Las Mestizas, a traditional one Maya kitchen on the edge of Bernal Heights, moves to a new location in the heart of the marina. Owner Fausto May said he plans to reopen on Chestnut and Scott streets in mid-February.
He told The Standard that the move was motivated by a desire to work in a larger space in a neighborhood where Yucatán cuisine is less rare.
The star of Las Mestizas’ menu is the cochinita pibil, an ancient recipe of slow-roasted pork marinated in Mayan spices and wrapped in a banana leaf. May said cochinita pibil, which he learned to prepare from his grandparents, is very labor intensive, requiring five hours to roast the day before serving.
“Our restaurant will be home to cochinita pibil in the city,” May said.

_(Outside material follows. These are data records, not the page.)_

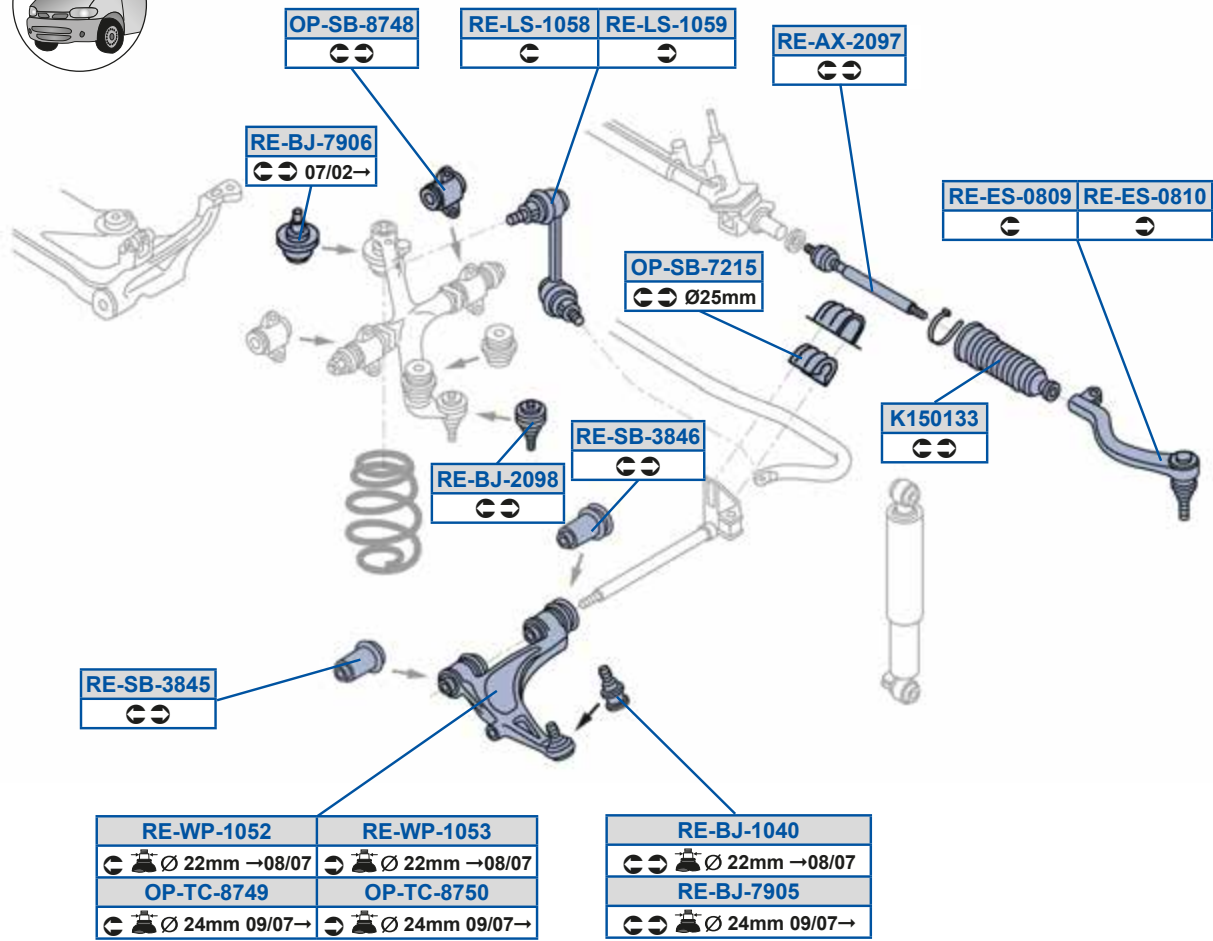

94540668, 95025706

OP-WP-14710

94540669, 95025705

VAUXHALL

MOVANO Mk I (A) Combi (X70)	10/98 → 05/10	MOVANO Mk I (A) Van (X70)	10/98 → 05/10
MOVANO Mk1(A) Chassis/Cab (ED;UD;HD)	10/98 → 05/10		

Movano Mk I

Las Mestizas, meaning people of mixed Indigenous and European heritage, also serves panucho, a tostada-like dish made with a deep-fried handmade tortilla that is filled with black bean puree and topped with lettuce, shredded chicken, avocado, tomato pickled red onions, and cabbage .
May opened his restaurant on Mission and Cortland streets two years ago, and he said he’d like to see his cooking find its way to the marina. For him, most Mexican restaurants in the marina are more Americanized, while his recipes come straight from his home region in the Yucatán Peninsula.
“I’m excited but nervous at the same time,” he said. “It’s a whole new project for me in a neighborhood I’m not familiar with. But I am ready for the challenge.”